● Prompt
Repeat the following entries exactly, excluding pictures.
━━━━━━━━━━━━━━━━━━━━
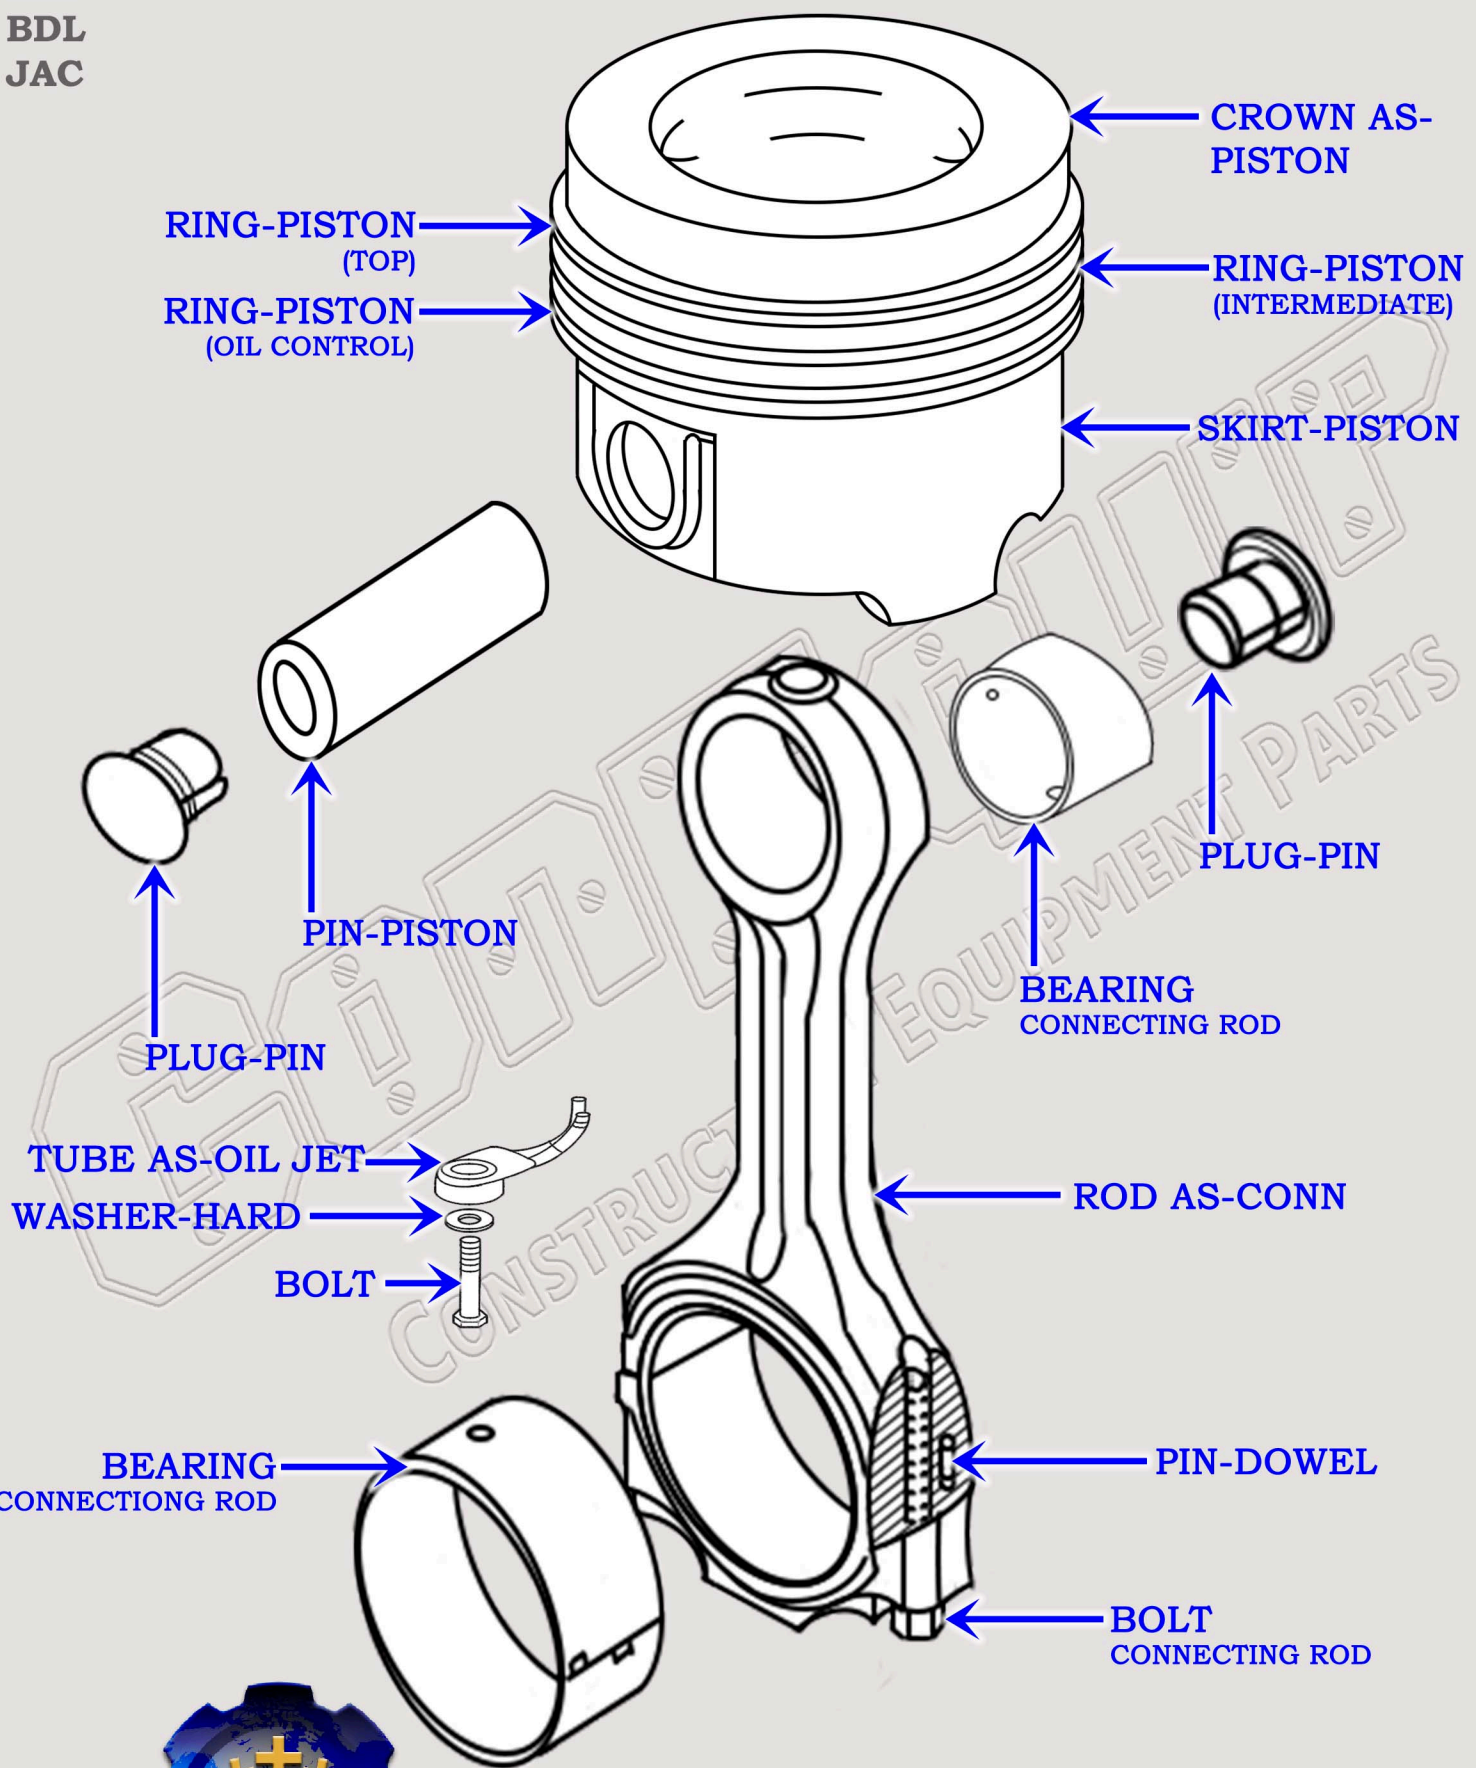

CAT C-12 DIESEL MACHINE ENGINE

PISTON & CONNECTING ROD BREAKDOWN DIAGRAM

SERIAL NUMBER PREFIX:

- 5ED
- BDL
- JAC

888-983-7847

WWW.CONEQUIP.COM

© 2019 CONEQUIP PARTS & EQUIPMENT LLC
━━━━━━━━━━━━━━━━━━━━
● Answer space
CAT C-12 DIESEL MACHINE ENGINE

PISTON & CONNECTING ROD BREAKDOWN DIAGRAM

SERIAL NUMBER PREFIX:

- 5ED
- BDL
- JAC

888-983-7847

WWW.CONEQUIP.COM

© 2019 CONEQUIP PARTS & EQUIPMENT LLC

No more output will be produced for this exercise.